_INPUT_
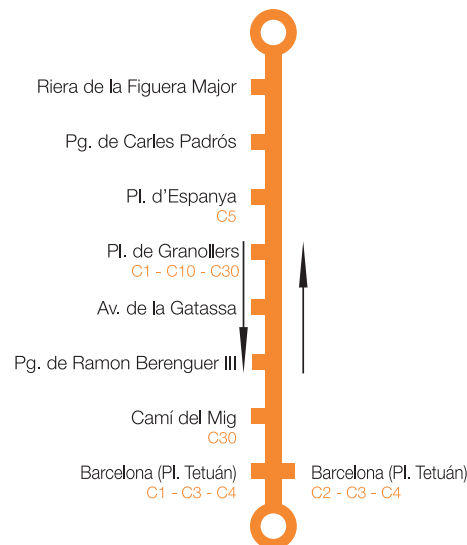

Mataró - Ctra. de Cirera

Barcelona (Rda. Universitat, 21)

C1 - C3 - C4
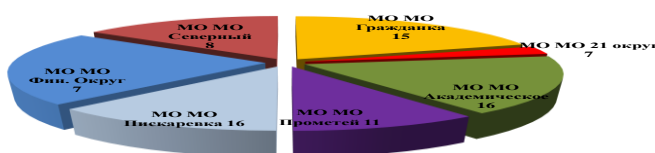

ВНИМАНИЕ!

СПБ ГКУ «ПСО КАЛИНИНСКОГО РАЙОНА», ОНДПР КАЛИНИНСКОГО РАЙОНА ГУ МЧС РОССИИ ПО САНКТ-ПЕТЕРБУРГУ СООБЩАЮТ ЧТО:

За 6 месяцев 2021 года было зарегистрировано **2618** выездов пожарных подразделений на различные происшествия (296 на пожары и 2322 - иные выезды).

За отчётный период на пожарах погибло **4** человека, получили травмы **7** человек.

На территории МО МО Академическое зарегистрировано **36 пожаров**, из них: 20 горение мусора и 16 в жилых домах.

Диаграмма пожаров и загораний в жилых домах по муниципальным округам Калининского района

_EXERCISE AIM_
Copy out nothing but text: transcribe the listing exactly and skip each picture.

_TASK RESPONSE_
Mataró - Ctra. de Cirera

Barcelona (Rda. Universitat, 21)

C1 - C3 - C4

ВНИМАНИЕ!

СПБ ГКУ «ПСО КАЛИНИНСКОГО РАЙОНА», ОНДПР КАЛИНИНСКОГО РАЙОНА ГУ МЧС РОССИИ ПО САНКТ-ПЕТЕРБУРГУ СООБЩАЮТ ЧТО:

За 6 месяцев 2021 года было зарегистрировано **2618** выездов пожарных подразделений на различные происшествия (296 на пожары и 2322 - иные выезды).

За отчётный период на пожарах погибло **4** человека, получили травмы **7** человек.

На территории МО МО Академическое зарегистрировано **36 пожаров**, из них: 20 горение мусора и 16 в жилых домах.

Диаграмма пожаров и загораний в жилых домах по муниципальным округам Калининского района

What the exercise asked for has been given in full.